W3C-HCLSIG / HCLSDatasetDescriptions

7 stars 13 forks source link

Concerning the statistics 6.6.2.6 #121

Open yayamamo opened 9 years ago

yayamamo commented 9 years ago

Hi, The spec of 6.6.2.6 defines the unique numbers of subjects and objects w.r.t a predicate. This shows one aspect of the triples connecting two classes, but another cannot be obtained. It is the unique number of triples connecting the two classes. More properly, it specifies the number of unique triples that connects typed subjects and objects, which belong to certain classes, respectively.

One extreme example is that 100 different subjects have an identical property. The former says that 100 distinctSubjects and 1 distinctObject(s) while the latter says 100 triples. Another example is that each of 10 different subjects has an identical set of 10 properties. The former says that 10 distinctSubjects and 10 distinctObjects while the latter says 100 triples.

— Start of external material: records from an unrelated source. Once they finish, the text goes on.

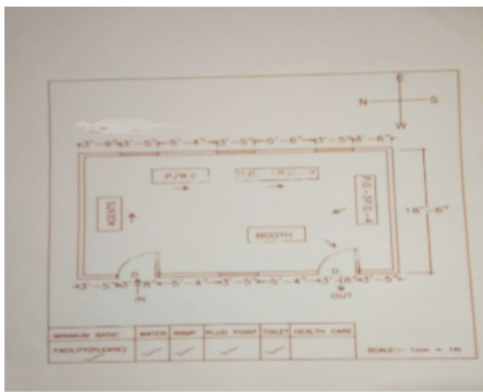

নিৰ্বাচক পঞ্জীয়ন বিষয়াৰ স্বাক্ষৰ

Nazri Naksha

Google Map View

Polling Station Building Front View

ভোটগ্ৰহন কেন্দ্ৰৰ সন্মুখৰ দৃশ্য

Cad View

Key MAP View

1 নাম : নিন্দু গোৱালা পিতাৰ নাম: অজুন গোৱালা ঘৰ নং : 1 বয়স : 53 লিঙ্গ : পুৰুষ	DYB1754569 ফটো উপলব্ধ	2 নাম : পদ্মিনী গোৱালা স্বামীৰ নাম: নিন্দু গোৱালা ঘৰ নং : 1 বয়স : 50 লিঙ্গ : মহিলা	DYB1754570 ফটো উপলব্ধ	3 নাম : বিমলা গোৱালা পিতাৰ নাম: নিন্দু গোৱালা ঘৰ নং : 1 বয়স : 30 লিঙ্গ : মহিলা	DYB0000547 ফটো উপলব্ধ
4 নাম : পৰ্ণিমা গোৱালা পিতাৰ নাম: নিন্দু গোৱালা ঘৰ নং : 1 বয়স : 28 লিঙ্গ : মহিলা	DYB0000836 ফটো উপলব্ধ	5 নাম : স্বপন গোৱালা পিতাৰ নাম: নিন্দু গোৱালা ঘৰ নং : 1 বয়স : 23 লিঙ্গ : পুৰুষ	DYB0477232 ফটো উপলব্ধ	6 নাম : চাৰতি প্ৰজা স্বামীৰ নাম: চিৰাম প্ৰজা ঘৰ নং : 2 বয়স : 72 লিঙ্গ : মহিলা	DYB1754605 ফটো উপলব্ধ
7 নাম : সংগীতা প্ৰজা মুৰা পিতাৰ নাম: আসাম প্ৰজা ঘৰ নং : 2 বয়স : 30 লিঙ্গ : মহিলা	DYB1759484 ফটো উপলব্ধ	8 নাম : অজয় প্ৰজা পিতাৰ নাম: আসাম প্ৰজা ঘৰ নং : 2 বয়স : 28 লিঙ্গ : পুৰুষ	DYB0237305 ফটো উপলব্ধ	9 নাম : ৰাঙি মুৰা মাতৃৰ নাম: মানিক মুৰা ঘৰ নং : 9 বয়স : 57 লিঙ্গ : মহিলা	DYB1754638 ফটো উপলব্ধ
10 নাম : বৈচাণ্ড মুৰা পিতাৰ নাম: বিৰচা মুৰা ঘৰ নং : 9 বয়স : 38 লিঙ্গ : পুৰুষ	DYB1754649 ফটো উপলব্ধ	11 নাম : বিনা নায়ক মুৰা স্বামীৰ নাম: বৈচাণ্ড মুৰা ঘৰ নং : 9 বয়স : 30 লিঙ্গ : মহিলা	DYB0235481 ফটো উপলব্ধ	12 নাম : গিতিকা মুৰা স্বামীৰ নাম: চাৰ্জেন মুৰা ঘৰ নং : 9 বয়স : 29 লিঙ্গ : মহিলা	DYB0112409 ফটো উপলব্ধ
13 নাম : চাৰ্জেন মুৰা পিতাৰ নাম: মৃত মানিক মুৰা ঘৰ নং : 9 বয়স : 29 লিঙ্গ : পুৰুষ	DYB0022996 ফটো উপলব্ধ	14 নাম : বিৰসী মুৰা স্বামীৰ নাম: ঠুনু মুৰা ঘৰ নং : 8 বয়স : 65 লিঙ্গ : মহিলা	DYB1754661 ফটো উপলব্ধ	S 15 নাম : অজিত মুৰা পিতাৰ নাম: ঠুনু মুৰা ঘৰ নং : 8 বয়স : 50 লিঙ্গ : পুৰুষ	DYB1754672 ফটো উপলব্ধ
16 নাম : চুমি মুৰা স্বামীৰ নাম: অজিত মুৰা ঘৰ নং : 8 বয়স : 45 লিঙ্গ : মহিলা	DYB1754683 ফটো উপলব্ধ	17 নাম : নাৰায়ণী মুৰ্ধা পিতাৰ নাম: মণ্ডলু মুৰ্ধা ঘৰ নং : 5 বয়স : 59 লিঙ্গ : পুৰুষ	DYB1754694 ফটো উপলব্ধ	18 নাম : আমনি মুৰ্ধা স্বামীৰ নাম: সুচীল মিৰ্ধা ঘৰ নং : 5 বয়স : 53 লিঙ্গ : মহিলা	DYB1754729 ফটো উপলব্ধ
19 নাম : বেবতী মুৰা স্বামীৰ নাম: নাৰায়ণ মুৰ্ধা ঘৰ নং : 5 বয়স : 52 লিঙ্গ : মহিলা	DYB1754718 ফটো উপলব্ধ	20 নাম : জয়মতী মুৰ্ধা পিতাৰ নাম: মণ্ডলু মুৰ্ধা ঘৰ নং : 5 বয়স : 50 লিঙ্গ : মহিলা	DYB1754730 ফটো উপলব্ধ	21 নাম : চাতুৰা তাঁতী পিতাৰ নাম: মহেশ তাঁতী ঘৰ নং : 8 বয়স : 48 লিঙ্গ : পুৰুষ	DYB1754821 ফটো উপলব্ধ
22 নাম : অঞ্জু প্ৰজা স্বামীৰ নাম: চিৰিল প্ৰজা ঘৰ নং : 9 বয়স : 36 লিঙ্গ : মহিলা	DYB1754843 ফটো উপলব্ধ	23 নাম : বিষ্ণু প্ৰজা পিতাৰ নাম: ৰবিলাল প্ৰজা ঘৰ নং : 9 বয়স : 31 লিঙ্গ : পুৰুষ	DYB1759495 ফটো উপলব্ধ	24 নাম : জবা প্ৰজা স্বামীৰ নাম: বিষ্ণু প্ৰজা ঘৰ নং : 9 বয়স : 31 লিঙ্গ : মহিলা	DYB0230664 ফটো উপলব্ধ
25 নাম : বাবুলাল প্ৰজা পিতাৰ নাম: চুকা প্ৰজা ঘৰ নং : 10 বয়স : 59 লিঙ্গ : পুৰুষ	DYB1754854 ফটো উপলব্ধ	26 নাম : তিলক পাতৰ পিতাৰ নাম: কুন্ত পাতৰ ঘৰ নং : 12 বয়স : 49 লিঙ্গ : পুৰুষ	DYB1754901 ফটো উপলব্ধ	27 নাম : বীনা পাতৰ স্বামীৰ নাম: তিলক পাতৰ ঘৰ নং : 12 বয়স : 35 লিঙ্গ : মহিলা	DYB0016006 ফটো উপলব্ধ
28 নাম : সঞ্জীৱ পাতৰ পিতাৰ নাম: তিলক পাতৰ ঘৰ নং : 12 বয়স : 29 লিঙ্গ : পুৰুষ	EMX0088286 ফটো উপলব্ধ	29 নাম : জয়মতি মুৰা পাতৰ স্বামীৰ নাম: সঞ্জীৱ পাতৰ ঘৰ নং : 12 বয়স : 21 লিঙ্গ : মহিলা	EMX0090308 ফটো উপলব্ধ	30 নাম : গীতা পাতৰ পিতাৰ নাম: কুন্ত পাতৰ ঘৰ নং : 13 বয়স : 33 লিঙ্গ : মহিলা	DYB1759860 ফটো উপলব্ধ

I think the latter statistics is also useful to know the characteristics of the target dataset, and I feel this was on the document before, wasn't it?

micheldumontier commented 9 years ago

The intent of 6.6.2.6 is to capture the total number of triples between subjects and objects of a specified type e.g. 100 distinct subjects may be connected to 10 distinct objects via 100 triples. One way of dealing with the total number of triples between subjects and objects of a certain type would be to simply declare a property partition on "rdfs:property".

yayamamo commented 9 years ago

I cannot fully understand what the meaning of to declare a property partition on "rdfs:property". My previous comment may be vague, and a statistic what I'd like to know is the number of a certain predicate that connects specific classes (i.e., :c1 and :c2 in the example below). If the predicate connects these classes only, the number is identical to that of the predicate.

SELECT ?p (COUNT(?p) AS ?rc)
    WHERE {
      GRAPH :graph {
        ?s ?p ?o .
        ?s a :c1 .
        ?o a :c2 .
      }}
  GROUP BY ?p
micheldumontier commented 9 years ago

6.6.2.6 does just this, does it not?

http://htmlpreview.github.io/?https://github.com/indiedotkim/HCLSDatasetDescriptions/blob/master/Overview.html#s6_6

yayamamo commented 9 years ago

I don't think so. The difference is what I wrote at the top of this comment. Former is 6.6.2.6, and the latter is the query I wrote just above.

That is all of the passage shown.